Gold’s move up against the US dollar has run out of a steam, at least as a trade. “Gold fell the most since August after the dollar rebounded from the lowest ever against the euro, reducing the appeal of the precious metal as an alternative investment,” reports Bloomberg.
It will be fascinating to watch the trading in commodities and currencies for the rest of the year. Commodities like oil and gold are at the high-end of their trading ranges. The dollar is at the low-end. The yen remains weak, the euro too strong for the liking of European governments.
When you see assets reaching extreme trading ranges, something has to give. Either they test previous highs and make new ones, or they fall back and re-organise for a fresh assault later. The decline of the dollar is forcing the issue and causing a re-think of the fundamentals of the global system. That’s a tough market to trade in. But if you like volatility, you’ve got to love the current conditions.
The Reserve Bank made no changes to interest rates, it revealed today. No surprise there.

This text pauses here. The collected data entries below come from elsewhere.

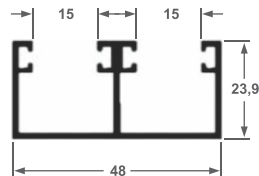

ALT-68
Trilho Stanley 48
1,486 kg/ml

ALT-68L
Trilho Stanley 48
1,030 kg/ml

ALT-37
Trilho Stanley 38
0,833 kg/ml

ALT-27
Perfil Baguete PLR
0,193 kg/ml

ALT-26
Perfil L Reguado
0,271 kg/ml

ALT-300
Guia Duplo Stanley
0,565 kg/ml

Perhaps the most interesting news coming from the Bank today was the release of its monthly index of commodity prices. The index was up a whopping 2.6% in September, which isn’t a surprise either when you look at the trend in commodity prices since the bottom of 1999.
The rise in commodity prices is coming off an awfully low base. What’s more, the cost of raw materials has been declining for roughly 200 years, with more and more producers entering the global economy.
Today, of course, more consumers have entered the global economy as well. Several billion of them. This has reversed the long-term decline in commodity prices. It’s also the best argument for the bull market in resources lasting another 10 years.
The biggest risk right now is that real economic activity is about to by compromised by real financial chicanery. We suspect you haven’t heard the last of the global credit crunch yet. In the meantime, we’ll enjoy the resource ride.